ERROR: Fail to index file
odelaneau commented 1 year ago

Can you check your input for position 28101822, please? It's 400 bp to the variants you reported. Just to see if there's a variant with this position.

BEFH commented 1 year ago

There's no variant there. There are variants at 28101821 and 28101823, but not 28101822. Also, the bad record is actually between 28101479 and 28101482 in the output file. There's nothing between those in the input file either.

giorkala commented 1 year ago

Hi, is there any solution to this? I'm also getting the same error,

[W::bcf_record_check] Bad BCF record at 10542449: Invalid CONTIG id -1

at the Finalization step, while phasing rare variants in our cohort (phasing the common ones was fine). I haven't tested much yet, but any help would be appreciated (happy to provide more info if needed).

Thanks, Yiorgos

srubinacci commented 1 year ago

Hi all,

I pushed a new commit on a new branch "contig". It should solve this issue: https://github.com/odelaneau/shapeit5/tree/contig

I produced two new static binaries you can find at this folder: https://www.dropbox.com/scl/fo/0gpiermhrtf7nz20pgao0/h?rlkey=ddpz9f4nhox1j77y923z4rhi3&dl=0

Can you please try to re-run phase_rare?. If that does not work, please rerun phase_common as well for the scaffolded region, and then phase_rare again?

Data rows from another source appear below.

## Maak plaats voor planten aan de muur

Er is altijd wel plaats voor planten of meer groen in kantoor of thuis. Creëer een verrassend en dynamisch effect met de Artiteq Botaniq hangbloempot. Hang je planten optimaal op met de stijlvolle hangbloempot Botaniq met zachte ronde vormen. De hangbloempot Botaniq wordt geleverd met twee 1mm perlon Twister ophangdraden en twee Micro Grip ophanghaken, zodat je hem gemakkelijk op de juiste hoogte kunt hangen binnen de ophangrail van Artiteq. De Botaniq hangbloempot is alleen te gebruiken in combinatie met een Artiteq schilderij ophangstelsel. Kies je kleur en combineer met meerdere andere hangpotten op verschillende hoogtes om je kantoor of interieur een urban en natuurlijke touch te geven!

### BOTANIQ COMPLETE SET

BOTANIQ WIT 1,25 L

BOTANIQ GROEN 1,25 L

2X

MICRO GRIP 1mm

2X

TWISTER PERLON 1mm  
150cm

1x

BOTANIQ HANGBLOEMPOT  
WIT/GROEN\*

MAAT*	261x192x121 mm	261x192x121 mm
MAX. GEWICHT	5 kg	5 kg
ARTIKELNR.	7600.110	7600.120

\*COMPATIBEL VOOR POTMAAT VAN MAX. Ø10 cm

Let me know if it solves the issue.

Simone

giorkala commented 1 year ago

Dear Simone,

I got the new binary and phasing was then complete without errors! Thanks a lot for providing the update. FYI, I didn't re-phase the common ones as I managed without (but will likely repeat all soon).

Kind regards, Yiorgos

BEFH commented 1 year ago

This is great news, and I will retest shortly.

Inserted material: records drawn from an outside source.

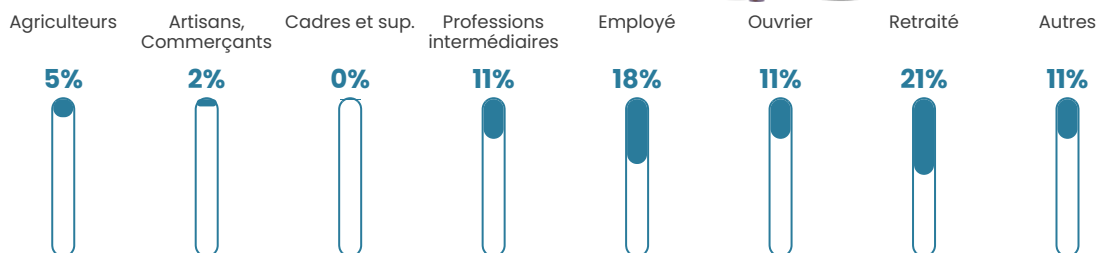

53 h/km²

Revenu moyen

20 550 €/an

Evolution du nombre d'habitants

Sources : Institut national de la statistique et des études économiques (insee) selon Les dernières parutions officielles de 2024 portant sur les années 2020, 2021 et 2022.

Tranche d'âge

Activité professionnelle

Niveau de diplôme

Composition des ménages

Profils électoraux

Premier tour

	Marine LE PEN	30.22 %
	Emmanuel MACRON	25.82 %
	Jean-Luc MÉLENCHON	20.33 %
	Éric ZEMMOUR	4.95 %
	Jean LASSALLE	4.40 %
	Valérie PÉCRESSE	4.40 %
	Nicolas DUPONT-AIGNAN	4.40 %
	Yannick JADOT	2.75 %
	Fabien ROUSSEL	2.20 %
	Philippe POUTOU	0.55 %
	Nathalie ARTHAUD	0.00 %
	Anne HIDALGO	0.00 %

On Wed, Jul 26, 2023 at 12:37 PM Yiorgos Kalantzis @.***> wrote:

Dear Simone,

I got the new binary and phasing was then complete without errors! Thanks a lot for providing the update. FYI, I didn't re-phase the common ones as I managed without (but will likely repeat all soon).

Kind regards, Yiorgos

— Reply to this email directly, view it on GitHub https://github.com/odelaneau/shapeit5/issues/34#issuecomment-1652155644, or unsubscribe https://github.com/notifications/unsubscribe-auth/AAZ2Z2ELAO63B6PJMRQDBA3XSFBVDANCNFSM6AAAAAAYWCE54M . You are receiving this because you authored the thread.Message ID: @.***>

BEFH commented 11 months ago

Great news! I've been testing the changes and have not had any issues. I did not have to use the new phase_common; the new phase_rare was good enough.

I used the static binaries rather than recompiling.